_TASK INSTRUCTIONS_
Because the pictures are not wanted, give back only the exact text of every entry below.

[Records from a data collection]
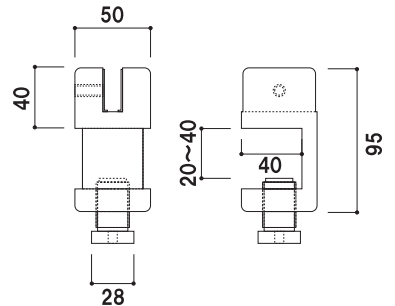

## SGG-平行タイプ (ブラック/ホワイト)

メーカー直送 屋内

¥10,200 (税抜価格) 重量 ■ 370g 051

- 本体 ■ アルミニウム合金
- パネル厚み ■ 4~10mm
- クランプ取付厚み ■ 20~40mm以内
- ※アクリル/ガラス板は含まれておりません。
- ※ご注文時に色をご指定ください
- ※パネルの最大高さ・幅1000mm(2個使用時)
- ※本品は1ヶ単位での販売です。

## SGG-垂直タイプ (ブラック/ホワイト)

メーカー直送 屋内

¥10,200 (税抜価格) 重量 ■ 370g 051

- 本体 ■ アルミニウム合金
- パネル厚み ■ 4~10mm
- クランプ取付厚み ■ 20~40mm以内
- ※アクリル/ガラス板は含まれておりません。
- ※ご注文時に色をご指定ください
- ※パネルの最大高さ・幅1000mm(2個使用時)
- ※本品は1ヶ単位での販売です。

_OUTPUT BELOW_
## SGG-平行タイプ (ブラック/ホワイト)

メーカー直送 屋内

¥10,200 (税抜価格) 重量 ■ 370g 051

- 本体 ■ アルミニウム合金
- パネル厚み ■ 4~10mm
- クランプ取付厚み ■ 20~40mm以内
- ※アクリル/ガラス板は含まれておりません。
- ※ご注文時に色をご指定ください
- ※パネルの最大高さ・幅1000mm(2個使用時)
- ※本品は1ヶ単位での販売です。

## SGG-垂直タイプ (ブラック/ホワイト)

メーカー直送 屋内

¥10,200 (税抜価格) 重量 ■ 370g 051

- 本体 ■ アルミニウム合金
- パネル厚み ■ 4~10mm
- クランプ取付厚み ■ 20~40mm以内
- ※アクリル/ガラス板は含まれておりません。
- ※ご注文時に色をご指定ください
- ※パネルの最大高さ・幅1000mm(2個使用時)
- ※本品は1ヶ単位での販売です。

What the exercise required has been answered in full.